§ Saved data entries:
* * *

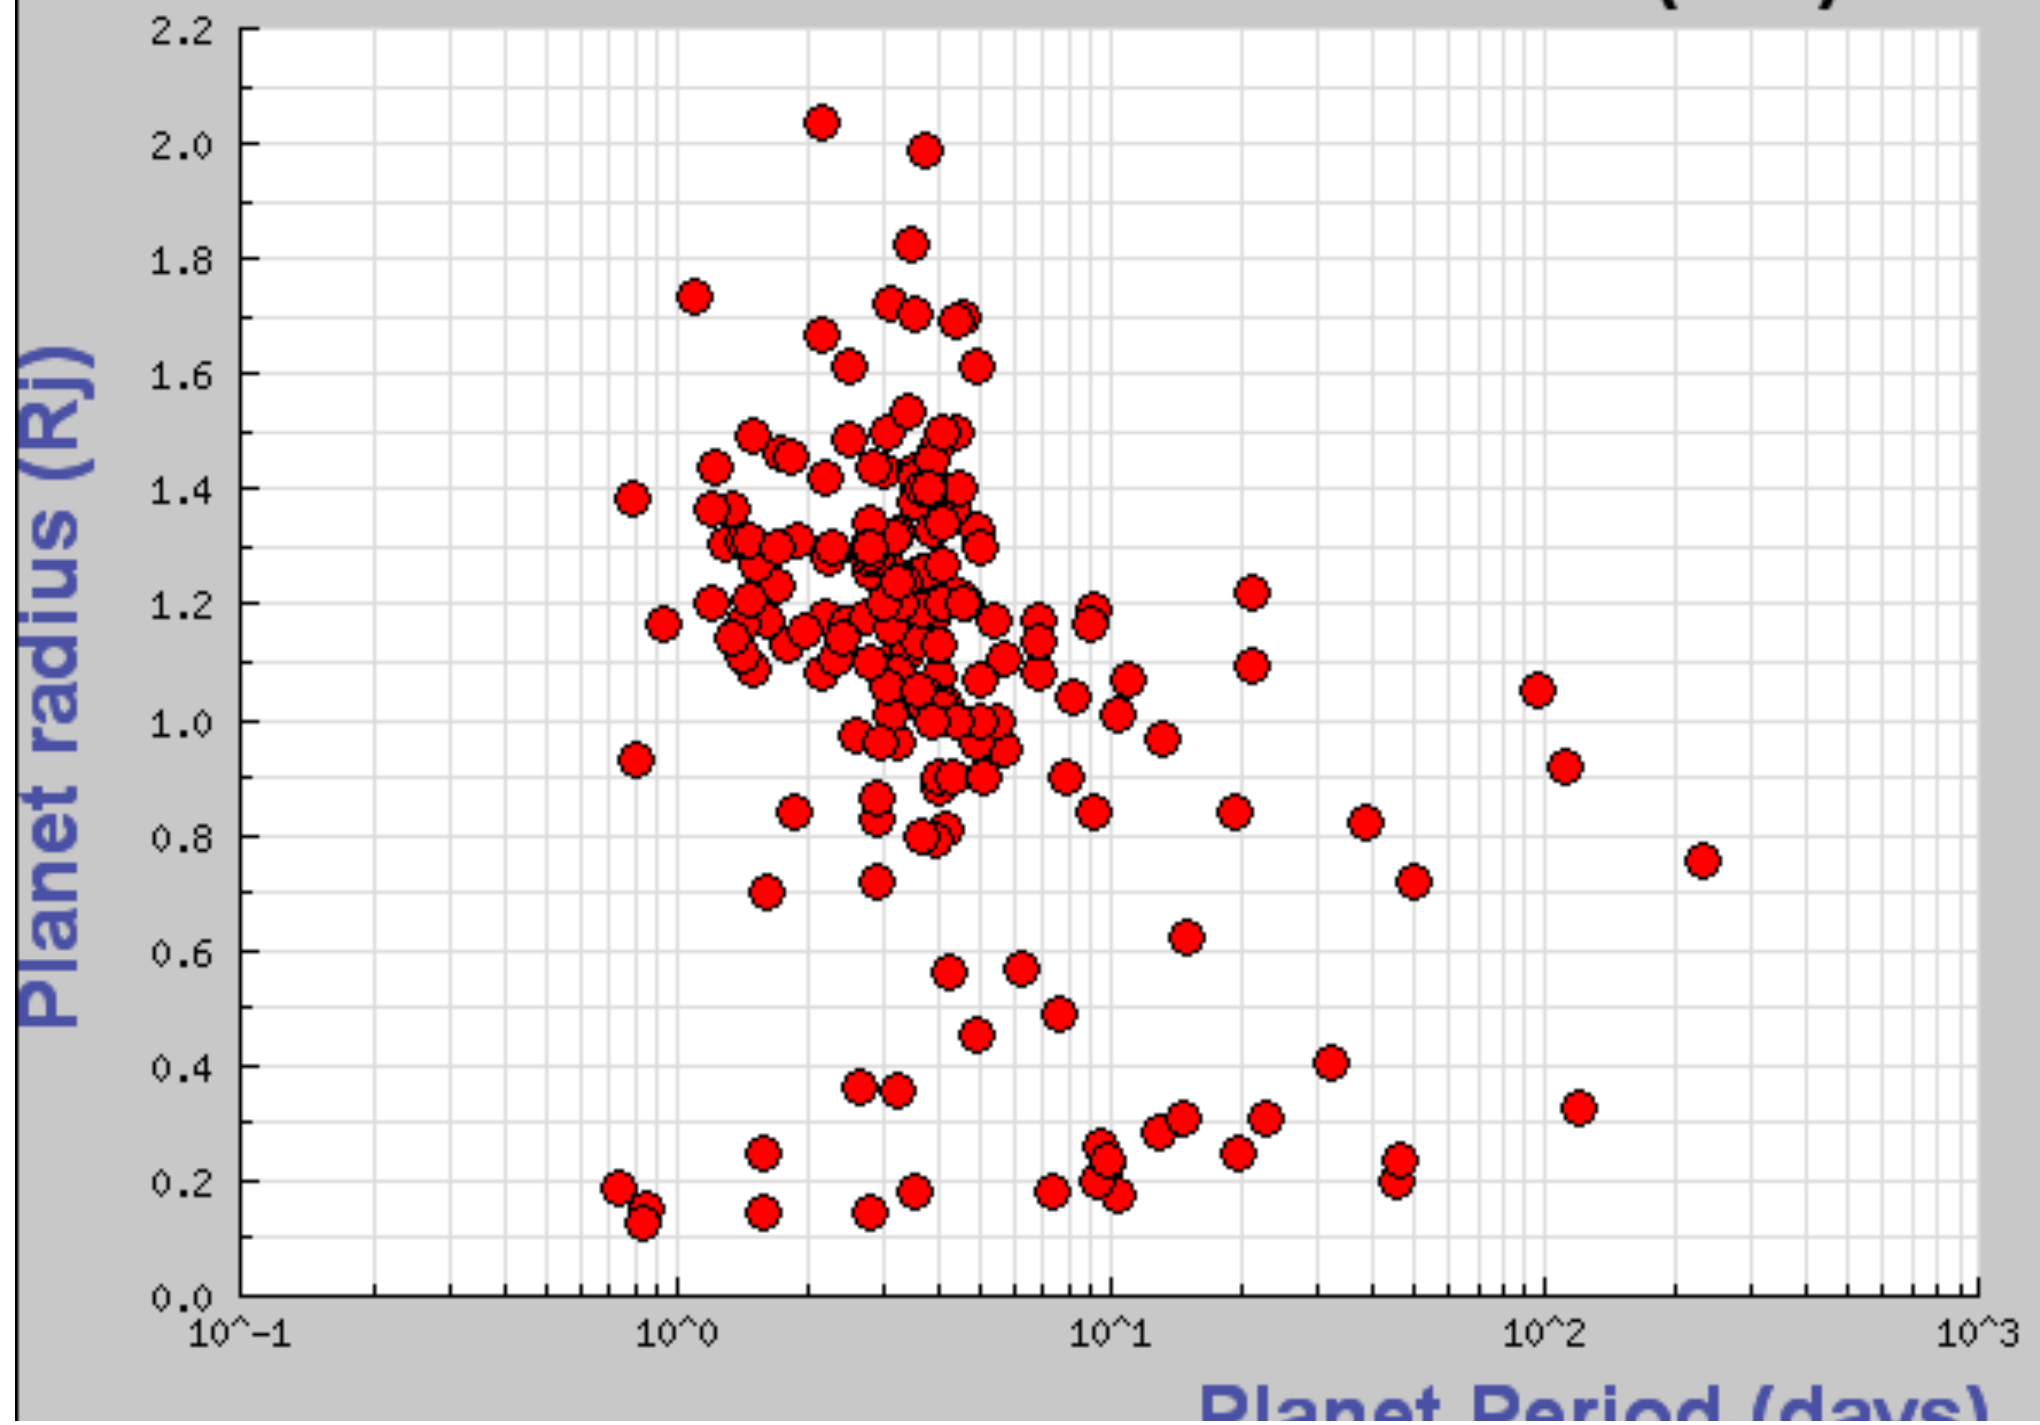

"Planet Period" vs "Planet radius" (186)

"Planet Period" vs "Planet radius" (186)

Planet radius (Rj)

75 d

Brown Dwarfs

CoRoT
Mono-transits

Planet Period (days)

* * *

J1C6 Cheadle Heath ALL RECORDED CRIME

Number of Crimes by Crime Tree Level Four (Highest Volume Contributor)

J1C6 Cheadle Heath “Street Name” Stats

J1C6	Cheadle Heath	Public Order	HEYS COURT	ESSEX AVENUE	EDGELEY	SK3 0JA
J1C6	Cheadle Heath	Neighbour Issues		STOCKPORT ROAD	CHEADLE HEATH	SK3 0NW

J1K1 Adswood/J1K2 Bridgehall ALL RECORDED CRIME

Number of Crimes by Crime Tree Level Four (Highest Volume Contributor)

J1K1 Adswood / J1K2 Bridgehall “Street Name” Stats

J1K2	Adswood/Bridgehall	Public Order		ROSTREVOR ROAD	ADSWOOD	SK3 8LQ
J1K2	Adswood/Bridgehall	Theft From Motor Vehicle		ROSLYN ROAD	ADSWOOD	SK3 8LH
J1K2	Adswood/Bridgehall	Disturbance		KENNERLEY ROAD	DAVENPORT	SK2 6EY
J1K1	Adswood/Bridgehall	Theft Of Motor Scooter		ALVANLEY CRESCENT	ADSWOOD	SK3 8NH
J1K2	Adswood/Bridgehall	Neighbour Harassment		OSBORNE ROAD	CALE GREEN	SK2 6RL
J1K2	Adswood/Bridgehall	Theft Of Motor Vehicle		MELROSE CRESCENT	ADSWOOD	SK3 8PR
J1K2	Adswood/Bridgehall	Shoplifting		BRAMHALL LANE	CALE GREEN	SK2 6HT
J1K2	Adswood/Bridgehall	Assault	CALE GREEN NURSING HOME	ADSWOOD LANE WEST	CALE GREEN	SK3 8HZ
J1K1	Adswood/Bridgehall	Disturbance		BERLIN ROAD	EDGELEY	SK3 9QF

* * *

§ EXERCISE BRIEF: Filter the data for the string "Order". Copy each matching line.

§ SOLUTION TO THIS PROBLEM:
J1C6	Cheadle Heath	Public Order	HEYS COURT	ESSEX AVENUE	EDGELEY	SK3 0JA
J1K2	Adswood/Bridgehall	Public Order		ROSTREVOR ROAD	ADSWOOD	SK3 8LQ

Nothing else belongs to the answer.